(STUDY MATERIAL begins)

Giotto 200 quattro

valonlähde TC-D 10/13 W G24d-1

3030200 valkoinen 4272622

(STUDY MATERIAL ends)
(STUDY MATERIAL begins)

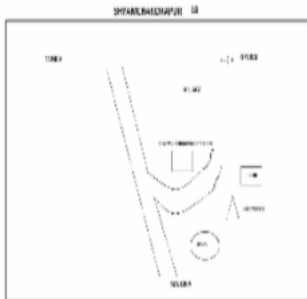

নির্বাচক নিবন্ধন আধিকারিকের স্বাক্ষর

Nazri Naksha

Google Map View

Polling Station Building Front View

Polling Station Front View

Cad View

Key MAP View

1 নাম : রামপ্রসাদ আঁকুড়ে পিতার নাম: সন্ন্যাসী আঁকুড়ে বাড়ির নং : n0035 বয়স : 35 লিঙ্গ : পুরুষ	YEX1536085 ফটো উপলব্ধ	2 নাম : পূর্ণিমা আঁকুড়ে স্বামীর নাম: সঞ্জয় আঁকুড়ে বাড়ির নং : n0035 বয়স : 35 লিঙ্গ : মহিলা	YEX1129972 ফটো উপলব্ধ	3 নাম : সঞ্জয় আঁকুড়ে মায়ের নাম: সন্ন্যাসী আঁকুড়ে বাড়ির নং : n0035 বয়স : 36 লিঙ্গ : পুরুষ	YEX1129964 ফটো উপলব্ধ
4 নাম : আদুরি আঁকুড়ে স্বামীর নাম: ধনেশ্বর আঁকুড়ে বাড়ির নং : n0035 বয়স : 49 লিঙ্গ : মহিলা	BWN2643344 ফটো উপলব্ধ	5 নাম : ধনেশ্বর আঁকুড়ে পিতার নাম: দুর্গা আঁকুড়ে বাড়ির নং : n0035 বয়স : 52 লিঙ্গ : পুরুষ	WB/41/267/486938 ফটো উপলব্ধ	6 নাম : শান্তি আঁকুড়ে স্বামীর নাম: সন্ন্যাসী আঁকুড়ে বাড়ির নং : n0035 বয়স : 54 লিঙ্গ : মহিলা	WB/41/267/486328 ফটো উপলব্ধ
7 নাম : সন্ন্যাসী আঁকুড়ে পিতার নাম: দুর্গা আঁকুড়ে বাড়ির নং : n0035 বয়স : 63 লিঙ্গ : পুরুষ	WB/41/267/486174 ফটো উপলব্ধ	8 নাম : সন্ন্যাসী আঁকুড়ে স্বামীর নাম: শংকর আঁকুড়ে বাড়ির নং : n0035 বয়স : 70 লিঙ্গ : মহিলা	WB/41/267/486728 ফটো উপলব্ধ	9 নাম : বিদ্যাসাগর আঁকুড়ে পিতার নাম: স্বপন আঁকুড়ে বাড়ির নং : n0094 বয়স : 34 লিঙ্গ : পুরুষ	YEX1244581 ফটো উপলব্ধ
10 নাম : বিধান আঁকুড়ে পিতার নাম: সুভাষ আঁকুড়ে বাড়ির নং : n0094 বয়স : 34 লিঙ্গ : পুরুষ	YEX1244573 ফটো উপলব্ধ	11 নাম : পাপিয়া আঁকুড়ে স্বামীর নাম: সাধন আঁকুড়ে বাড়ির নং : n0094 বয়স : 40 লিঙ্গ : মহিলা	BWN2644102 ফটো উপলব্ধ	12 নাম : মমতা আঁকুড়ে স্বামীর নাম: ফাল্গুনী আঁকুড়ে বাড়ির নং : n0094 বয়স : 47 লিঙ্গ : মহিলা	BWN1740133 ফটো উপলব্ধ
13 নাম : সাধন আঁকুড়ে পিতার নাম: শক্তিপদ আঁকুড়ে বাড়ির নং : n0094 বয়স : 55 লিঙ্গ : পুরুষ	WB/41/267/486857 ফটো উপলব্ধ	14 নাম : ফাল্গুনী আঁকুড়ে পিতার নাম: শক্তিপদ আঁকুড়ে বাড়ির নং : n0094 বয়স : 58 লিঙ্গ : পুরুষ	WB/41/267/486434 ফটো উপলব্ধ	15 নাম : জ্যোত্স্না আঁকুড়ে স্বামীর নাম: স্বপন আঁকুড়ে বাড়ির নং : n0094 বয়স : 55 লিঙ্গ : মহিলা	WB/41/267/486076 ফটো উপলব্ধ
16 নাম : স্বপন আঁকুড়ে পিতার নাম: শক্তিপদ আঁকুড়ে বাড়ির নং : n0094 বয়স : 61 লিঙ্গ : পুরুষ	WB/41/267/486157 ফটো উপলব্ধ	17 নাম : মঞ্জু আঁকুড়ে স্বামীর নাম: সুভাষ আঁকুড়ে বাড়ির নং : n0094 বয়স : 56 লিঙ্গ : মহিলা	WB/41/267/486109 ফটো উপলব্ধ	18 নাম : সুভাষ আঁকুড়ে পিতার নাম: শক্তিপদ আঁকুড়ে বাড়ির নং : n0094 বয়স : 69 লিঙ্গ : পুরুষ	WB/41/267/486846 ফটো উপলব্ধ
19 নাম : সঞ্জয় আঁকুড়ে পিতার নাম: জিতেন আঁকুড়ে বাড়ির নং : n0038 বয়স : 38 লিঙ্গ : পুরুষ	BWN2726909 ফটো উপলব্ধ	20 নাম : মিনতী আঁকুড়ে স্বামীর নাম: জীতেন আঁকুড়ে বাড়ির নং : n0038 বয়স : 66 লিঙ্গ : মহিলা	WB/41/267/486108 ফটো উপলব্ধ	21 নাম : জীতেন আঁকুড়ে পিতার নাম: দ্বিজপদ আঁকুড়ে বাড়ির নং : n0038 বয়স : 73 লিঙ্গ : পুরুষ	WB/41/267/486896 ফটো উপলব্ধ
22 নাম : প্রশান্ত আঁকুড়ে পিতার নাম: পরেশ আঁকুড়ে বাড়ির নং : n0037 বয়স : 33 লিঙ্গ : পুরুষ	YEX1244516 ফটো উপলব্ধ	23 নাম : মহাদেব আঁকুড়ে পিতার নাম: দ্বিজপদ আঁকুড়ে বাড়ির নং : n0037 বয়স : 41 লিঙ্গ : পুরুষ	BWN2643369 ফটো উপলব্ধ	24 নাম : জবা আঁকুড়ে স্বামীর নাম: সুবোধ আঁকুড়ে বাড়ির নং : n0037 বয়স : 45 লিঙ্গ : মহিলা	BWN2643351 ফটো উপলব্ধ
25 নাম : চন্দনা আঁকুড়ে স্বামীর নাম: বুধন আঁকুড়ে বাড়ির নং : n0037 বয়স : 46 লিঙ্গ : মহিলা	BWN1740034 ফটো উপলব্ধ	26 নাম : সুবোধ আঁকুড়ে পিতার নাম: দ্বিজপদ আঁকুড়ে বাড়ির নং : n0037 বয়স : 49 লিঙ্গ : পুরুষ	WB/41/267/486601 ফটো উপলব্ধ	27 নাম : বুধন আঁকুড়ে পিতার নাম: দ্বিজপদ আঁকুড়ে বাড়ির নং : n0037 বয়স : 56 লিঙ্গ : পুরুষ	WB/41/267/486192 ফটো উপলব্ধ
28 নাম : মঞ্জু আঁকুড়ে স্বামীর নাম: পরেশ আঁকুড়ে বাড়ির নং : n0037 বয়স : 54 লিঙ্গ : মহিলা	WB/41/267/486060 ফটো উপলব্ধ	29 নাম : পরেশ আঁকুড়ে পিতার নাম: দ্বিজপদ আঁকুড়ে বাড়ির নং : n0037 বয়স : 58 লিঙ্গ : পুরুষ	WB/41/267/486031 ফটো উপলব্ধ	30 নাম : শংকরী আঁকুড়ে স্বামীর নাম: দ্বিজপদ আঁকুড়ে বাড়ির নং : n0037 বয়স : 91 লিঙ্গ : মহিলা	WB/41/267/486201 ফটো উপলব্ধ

(STUDY MATERIAL ends)

• _WHAT YOU SHOULD DO_: What is needed is each line from the records with the word "Front" in it.

• _RESPONSE TO THIS TASK_:
Polling Station Building Front View
Polling Station Front View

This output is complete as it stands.